A summary on 5% co-payment of insurance for Integrated Shield Plan (IP)

Jes 8 Comments

Why the need to impose co-payment?
It was 100% full riders coverage previously and I have blogged about the different prices of different insurance companies. However, premiums have increased by up to 80% due to a small group of people abusing the system, so the rest of us have to pay for higher premiums unfairly.

What do you mean by abusing the system?
When you are fully covered, people will be more keen to do many more check ups, tests or examinations that may be unnecessary. That means higher charges to the insurance companies. The insurance companies will in turn charge everyone the same amount, which means we will have to keep paying higher premiums every year.

But the insurance companies still profit right?
All 6 insurance companies suffered losses for  Integrated Shield Plans (IP) last year. That is also why premiums for 100% coverage full riders went up by more than 200% last year.

Are you sure about that?
There have been instances where someone claimed for 12 nose examinations a year for no specific reason. Another incurred $70,000 for a lump removal that actually cost only $5,000! Kiasu/Buffet mentality - since I have already paid for full coverage, I might as well claim for more things to 'get back' the cost.

So what is the big deal?
Comparing the average hospital bill for a person without IP versus the one with IP, the hospital bill can go up to 60% difference!

Not many people have Integrated Shield Plans (IP) right?
About 29% of the population has them for full coverage. I am also one of them.

How will this 5% co-payment helps? 
People will think twice when they have to pay, and thus discourage unnecessary treatments. Plus, the treatments will be subjected to the insurer's approval or their approved panel.

So premiums will drop?
Yes definitely, but you will also have to pay 5% co-payment.

Oh dear, I have to pay?! How much?
It will be up to a maximum of $3,000, only with the insurer's approval or their approved panel. Only 4 of the 6 insurance companies have their own approved panel so we should be aware of this.

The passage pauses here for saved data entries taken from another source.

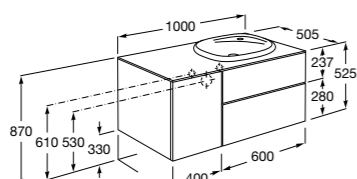

Beyond раковина справа

851390XXX UNIK - Комплект мебели с двумя ящиками и модулем с дверцей, раковина из материала SURFEX®. Ножки и смеситель не входят в комплект.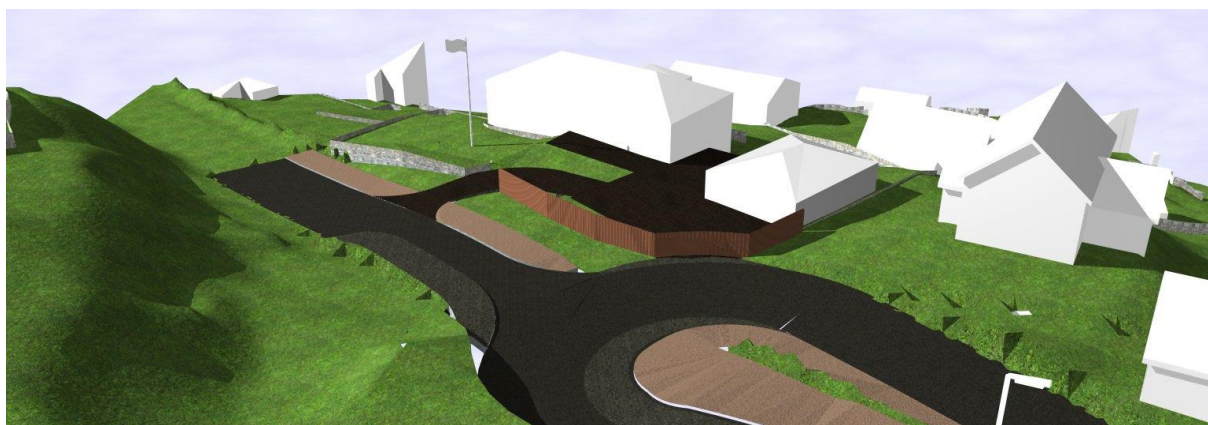

3D Bilete- Ny avkjøring, mur og støygjerde. Gbnr 137/45

Frå aust

Frå Nord

Frå vest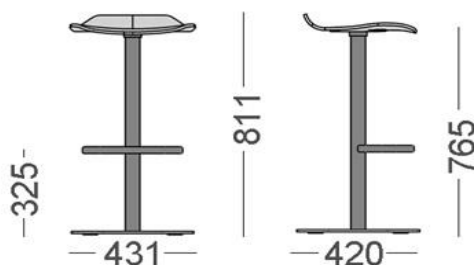

---

**DESCRIPCION TÉCNICA**

---

Producto : Taburete SET sin Respaldo, Pie Central, Asiento 76 cm.

Diseño : Mario Ruiz

**Características Técnicas :****CARCASA**

MADERA : Tablero curvado contrachapado de roble de espesor 10mm.

**ARMAZON**

Tubo de acero de diámetro 50mm.

Apoyapies en tubo de 25x14 y base de chapa de acero de espesor 8mm. Pintado epoxi.

Cilindro de giro con opción de autorretorno.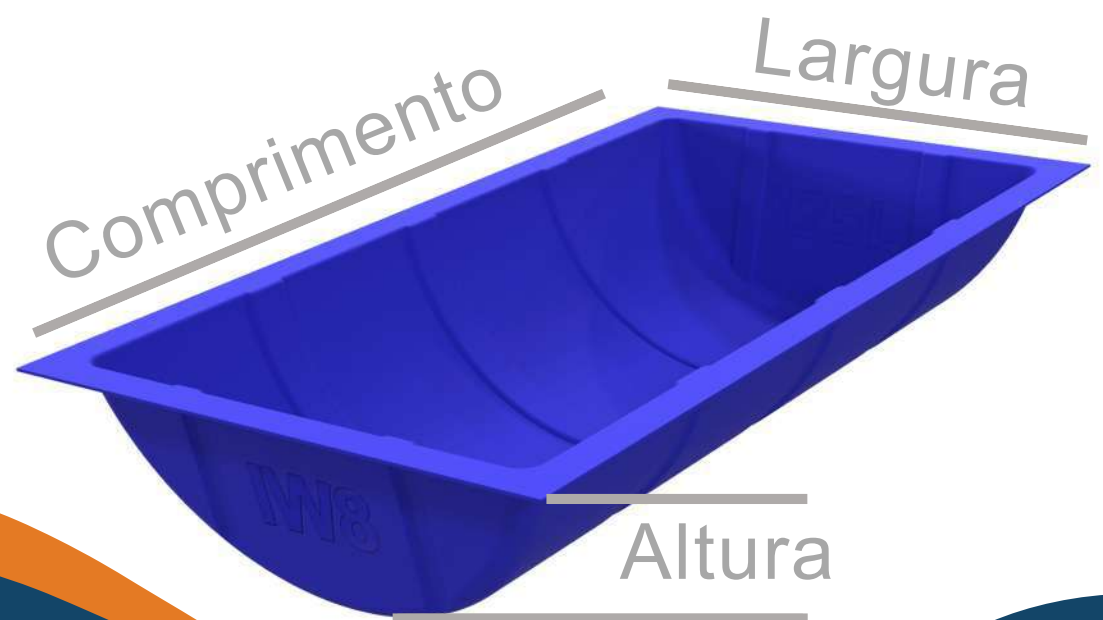

CATÁLOGO DE PRODUTOS PLÁSTICOS

Cocho Plástico

- ✓ Leves
- ✓ Resistentes
- ✓ Fáceis de Limpar
- ✓ Longa Durabilidade

Cocho Plástico 80 Litros

SKU: 17478

Suporte para Apoio

Cores Padrão:

MEDIDAS	Comprimento	Largura	Altura
Externa	890mm	680mm	260mm
Interna	790mm	585mm	255mm

Peso: 3,8Kg

Cocho Plástico 125 Litros

SKU: 17408

Suporte para Apoio

Cores Padrão:

MEDIDAS	Comprimento	Largura	Altura
Externa	1290mm	680mm	260mm
Interna	1190mm	585mm	255mm

Peso: 5,9Kg

Cocho Plástico 160 Litros

SKU: 17501

Suporte para Apoio

Cores Padrão:

MEDIDAS	Comprimento	Largura	Altura
Externa	2080mm	680mm	260mm
Interna	1990mm	585mm	255mm

Peso: 10Kg

Cocho Plástico 160 Litros

SKU: 17501

Suporte para Apoio

But don't worry, they have done some calculations.
Based on last year's bill, with 5% co-payment, 75% of the claimants will pay $670 or lesser. That should be affordable to most people.

All sources of information in this article came from Straits Times

I already have an Integrated Shield Plan (IP), what should I do?
Think of what your needs are. You can still be fully covered till April 2021 and you will also be given the option to downgrade to buy the policy to pay 5% co-payment.

Can I still buy an Integrated Shield Plan (IP) for full coverage now?
Yes you can buy and will be fully covered till April 2021. After which, you will have to pay the 5% co-payment.

How do I feel about it?
I am all for it! I have been considering to downgrade to such plans where there is a cap on the amount I have to pay simply because it is much cheaper and luckily, I am still young and healthy! I will definitely downgrade once I get hold of the new plans. When premiums go down, it will benefit the whole population and revamp the health industry.

I know people are against it just because they have to pay out of their own pocket, but think of the long term results, you will definitely be paying lesser! Of course, that is provided you are healthy. Probably for people who have to be admitted often, I agree that this might not be good news.

Overall, it's beneficial for most of the people and that's good enough for me.

I will be blogging about the different prices once the policies are out so stay tuned!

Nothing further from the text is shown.